NSW Parliament is debating the Voluntary Assisted Dying Bill 2021

On the Voluntary Assisted Dying Bill 2021 before NSW Parliament

These are some initial responses by Elderlaw senior solicitor Rodney Lewis to the Voluntary Assisted Dying Bill 2021, currently before the NSW Parliament. Elderlaw Legal Services, a division of Foulsham & Geddes Pty Ltd.

Shortcomings of the Voluntary Assisted Dying Bill 2021

I think there are some matters which are not adequately covered in the Bill.

In relation to the review of decisions, which is the opportunity for challenging, if necessary, the decisions of  the medical practitioners, a person who may bring the matters before the Tribunal includes [definition of  ‘eligible applicant’ s.108]: 

(a) a patient who is the subject of a decision [by the Tribunal under] section 109(1)(a)–(d), or (b) an agent of a patient … or 

(c) a person who the Tribunal is satisfied has a special interest in the medical care and treatment of  [the person]. 

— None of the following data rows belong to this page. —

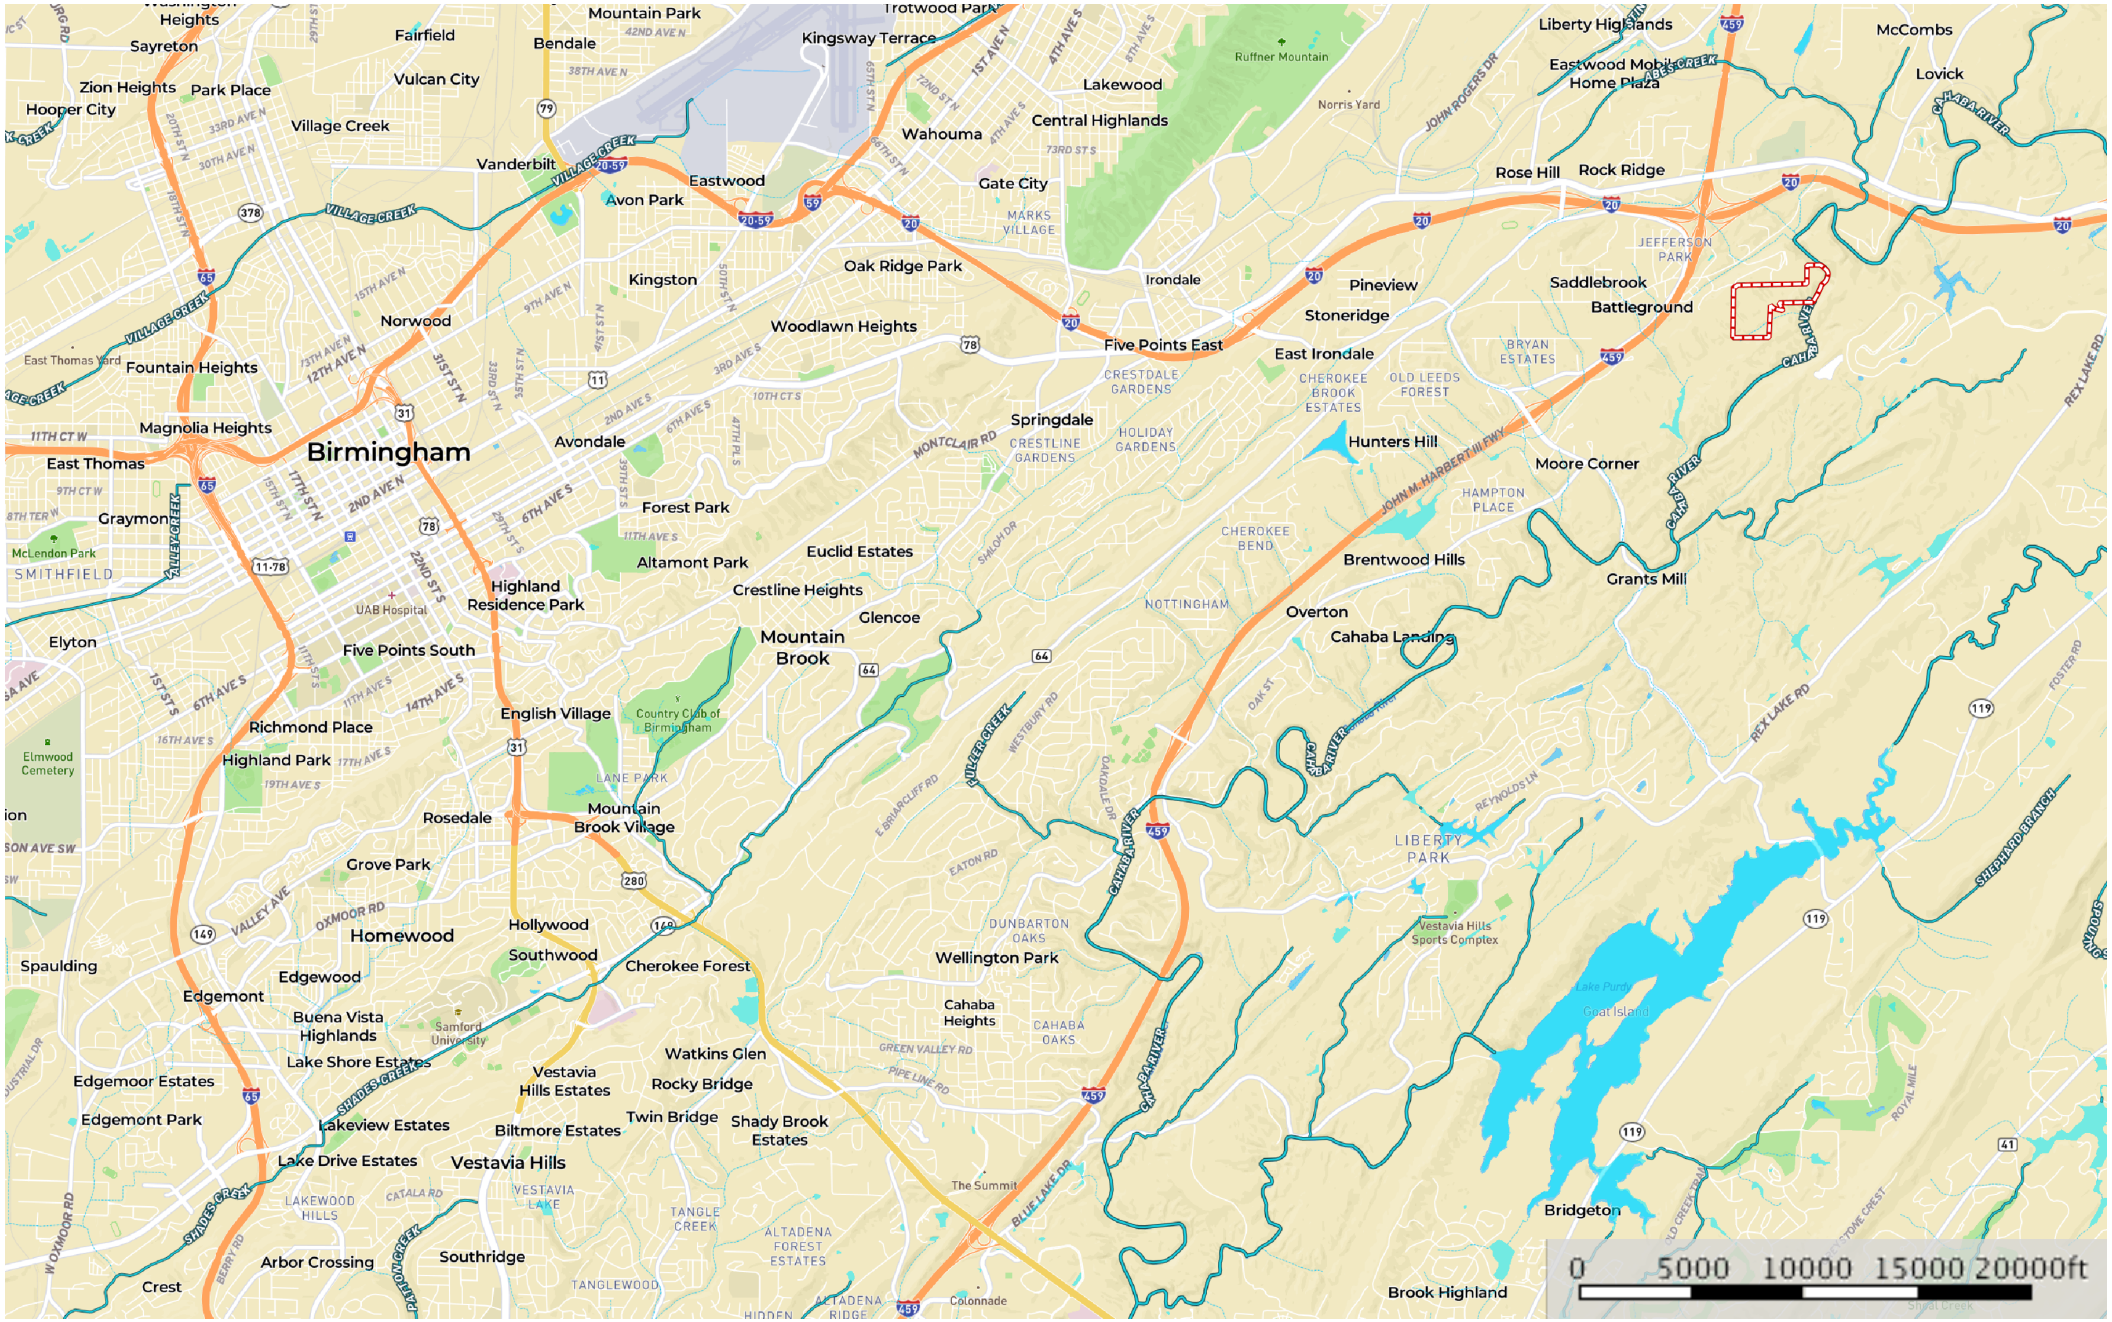

Cahaba River Retreat

Jefferson County, Alabama, 101 AC +/-

- Boundary
- Stream, Intermittent
- River/Creek
- Water Body

The matters which are the subject of the application for review are [s.109]: 

(a) a decision of a patient’s coordinating practitioner in a first assessment that the patient— (i) … [residence qualification]; 

(ii) has or does not have decision-making capacity in relation to voluntary assisted dying, or (iii) is or is not acting voluntarily and not [acting -rl] because of pressure or duress, 

(b) a decision of a patient’s consulting practitioner in a consulting assessment that the patient— 

… 

(iii) is or is not acting voluntarily and is or is not acting because of pressure or duress, 

(c) a decision of a patient’s coordinating practitioner to make a statement in a final review form  certifying that [s/he] is satisfied the patient— 

(i) has or does not have decision-making capacity in relation to voluntary assisted dying, or (ii) … is or is not acting voluntarily and is or is not acting because of pressure or duress, 

(d) a decision of the Board to refuse an application for a voluntary assisted dying substance authority in relation to a patient. 

Who is an ‘agent’?

The identity of an ‘agent’ is in my opinion, obscure, in this context. It means ‘a person who acts on behalf of the patient’ [Schedule 1-Dictionary]. 

It is unclear from the legislation who may be an “agent”. We have broad legal definitions of who may  be an agent, but here we have someone who may be so ill and focussed on unbearable pain, as to be  unable to make those kinds of decisions.  

Since the Bill is concerned only with capacity to understand ‘voluntary assisted dying’, the capacity  to understand who an agent is and their delegated functions, will likely be different. It is the same  capacity required to understand the making of a power of attorney (see Szozda v Szozda [2010] NSWSC 804).  

Will a written agency appointment be required? Is a solicitor an agent? Will a solicitor be denied  leave to appear if capacity to instruct is in doubt? The Bill makes a point about the capacity which  the person is required to have and that is, to understand the nature and effect of voluntary assisted  dying.  

In my experience in the Guardianship Division of NCAT and the Guardianship Tribunal before that, it  is sometimes essential, in the interests of the subject person and in the interests of justice and fairness to hear from family members who seek to be heard, especially when they have views and  experience which are not necessarily shared by the rest of the family. Family members seem to have  no status in this Bill, yet are among those whose views may be critical as to whether there is present,  any pressure or duress. 

Consider the circumstances which might exist and which may lead a medical practitioner to overlook  or mistake conduct by another person impacting upon the subject person, in the manner described  as pressure or duress. The definition found in the Bill of those words is “abuse, coercion, intimidation, threats, undue influence from another person or other pressure or duress”. 

Not enough guidance in the Bill

The Bill makes no attempt to guide the medical practitioners in how they may discover the facts and  circumstances which might show that any pressure and duress may have occurred. There is no  reference to making inquiries or the necessity or otherwise of consulting with family members. 

For those reasons, I suggest that an extra qualifying definition of an ‘eligible applicant’ should  include ‘any person who has a genuine interest in the welfare of the person’. That will enable not  only family but in cases where there is no family, others such as friends to make an intervention if  they have evidence of ‘pressure or duress’.